** Opening Extracted records block **

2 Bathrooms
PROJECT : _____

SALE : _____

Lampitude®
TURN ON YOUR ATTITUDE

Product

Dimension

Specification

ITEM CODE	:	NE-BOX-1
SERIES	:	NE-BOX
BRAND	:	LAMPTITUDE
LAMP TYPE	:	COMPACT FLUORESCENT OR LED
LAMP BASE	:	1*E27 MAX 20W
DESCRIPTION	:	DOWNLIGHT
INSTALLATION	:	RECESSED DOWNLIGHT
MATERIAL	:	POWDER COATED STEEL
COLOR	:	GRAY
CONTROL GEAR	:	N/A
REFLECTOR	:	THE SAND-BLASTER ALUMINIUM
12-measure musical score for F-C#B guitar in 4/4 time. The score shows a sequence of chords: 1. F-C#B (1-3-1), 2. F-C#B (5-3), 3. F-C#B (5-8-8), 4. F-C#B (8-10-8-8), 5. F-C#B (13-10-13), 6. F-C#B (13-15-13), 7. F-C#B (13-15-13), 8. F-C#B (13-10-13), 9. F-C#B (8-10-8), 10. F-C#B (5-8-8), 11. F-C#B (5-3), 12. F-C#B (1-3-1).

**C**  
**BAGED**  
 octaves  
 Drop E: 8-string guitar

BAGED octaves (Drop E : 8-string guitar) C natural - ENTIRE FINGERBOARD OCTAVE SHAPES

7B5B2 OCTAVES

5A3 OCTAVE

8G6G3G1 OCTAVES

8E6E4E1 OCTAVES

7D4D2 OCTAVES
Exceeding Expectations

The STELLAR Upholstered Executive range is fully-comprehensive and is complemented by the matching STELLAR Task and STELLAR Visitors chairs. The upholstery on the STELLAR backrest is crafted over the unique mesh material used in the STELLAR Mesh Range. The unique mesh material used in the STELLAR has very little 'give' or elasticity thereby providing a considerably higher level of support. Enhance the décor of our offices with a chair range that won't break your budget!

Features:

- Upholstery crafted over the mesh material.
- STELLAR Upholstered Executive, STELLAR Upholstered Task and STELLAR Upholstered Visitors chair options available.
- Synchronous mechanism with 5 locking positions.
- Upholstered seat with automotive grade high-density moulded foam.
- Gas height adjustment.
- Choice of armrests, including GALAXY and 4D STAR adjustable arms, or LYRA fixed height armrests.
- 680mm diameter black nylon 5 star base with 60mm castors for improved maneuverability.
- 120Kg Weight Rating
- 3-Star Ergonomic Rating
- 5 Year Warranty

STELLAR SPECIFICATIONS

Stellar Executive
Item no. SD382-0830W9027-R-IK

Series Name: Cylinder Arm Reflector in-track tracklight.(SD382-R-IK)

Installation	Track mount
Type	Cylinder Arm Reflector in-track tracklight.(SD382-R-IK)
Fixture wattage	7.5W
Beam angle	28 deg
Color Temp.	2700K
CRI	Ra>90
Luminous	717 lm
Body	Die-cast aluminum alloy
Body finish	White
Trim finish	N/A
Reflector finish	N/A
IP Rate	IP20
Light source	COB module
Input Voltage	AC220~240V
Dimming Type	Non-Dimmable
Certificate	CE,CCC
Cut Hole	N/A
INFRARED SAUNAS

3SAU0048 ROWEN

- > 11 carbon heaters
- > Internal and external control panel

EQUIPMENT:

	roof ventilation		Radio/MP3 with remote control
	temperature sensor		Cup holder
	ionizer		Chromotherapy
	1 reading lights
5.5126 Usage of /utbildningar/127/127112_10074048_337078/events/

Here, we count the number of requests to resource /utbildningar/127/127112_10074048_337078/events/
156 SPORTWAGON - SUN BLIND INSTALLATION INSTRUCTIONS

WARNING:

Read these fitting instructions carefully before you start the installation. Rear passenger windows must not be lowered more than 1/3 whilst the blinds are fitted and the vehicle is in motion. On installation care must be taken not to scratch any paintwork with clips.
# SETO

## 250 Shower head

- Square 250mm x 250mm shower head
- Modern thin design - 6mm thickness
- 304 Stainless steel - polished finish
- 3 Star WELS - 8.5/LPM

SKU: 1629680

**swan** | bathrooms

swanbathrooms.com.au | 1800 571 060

** Closing Extracted records block **
** Opening Extracted records block **

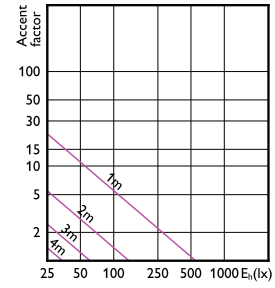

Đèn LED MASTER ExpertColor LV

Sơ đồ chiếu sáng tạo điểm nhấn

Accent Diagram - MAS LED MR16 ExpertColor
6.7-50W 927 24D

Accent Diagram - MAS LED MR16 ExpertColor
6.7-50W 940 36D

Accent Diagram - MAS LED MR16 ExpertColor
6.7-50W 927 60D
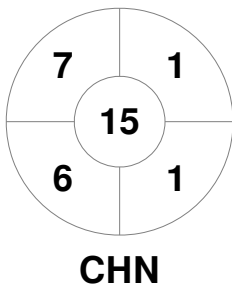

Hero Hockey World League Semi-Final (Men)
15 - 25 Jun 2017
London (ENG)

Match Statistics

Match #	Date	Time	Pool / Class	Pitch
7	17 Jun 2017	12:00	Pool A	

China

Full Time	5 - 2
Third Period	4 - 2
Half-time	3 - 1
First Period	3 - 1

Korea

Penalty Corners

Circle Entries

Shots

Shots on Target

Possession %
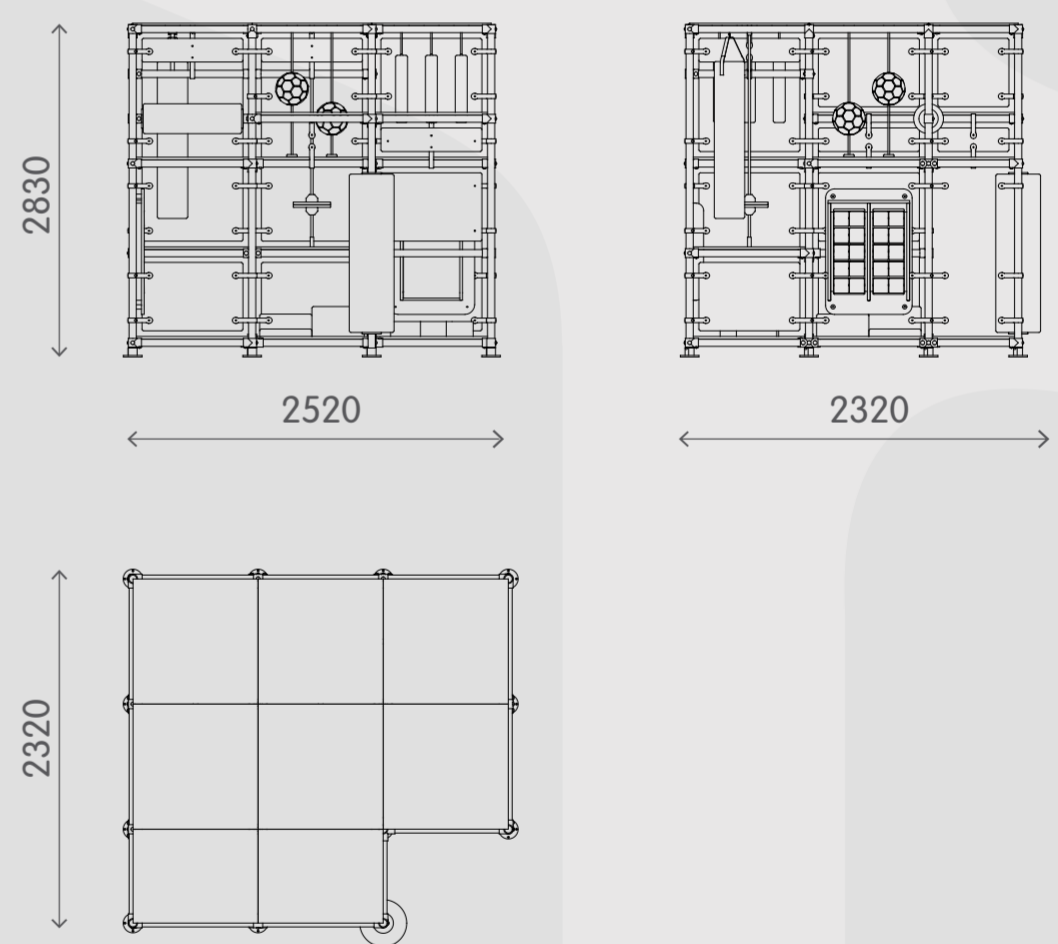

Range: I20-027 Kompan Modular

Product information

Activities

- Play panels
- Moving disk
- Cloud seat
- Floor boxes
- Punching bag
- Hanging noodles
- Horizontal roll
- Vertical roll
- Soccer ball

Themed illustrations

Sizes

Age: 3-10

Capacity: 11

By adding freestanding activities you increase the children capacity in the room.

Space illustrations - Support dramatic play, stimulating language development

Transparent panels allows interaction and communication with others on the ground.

** Closing Extracted records block **

## Instructions for the task
Each line of the data that includes "string" should be copied.

## Task result
 Drop E: 8-string guitar
BAGED octaves (Drop E : 8-string guitar) C natural - ENTIRE FINGERBOARD OCTAVE SHAPES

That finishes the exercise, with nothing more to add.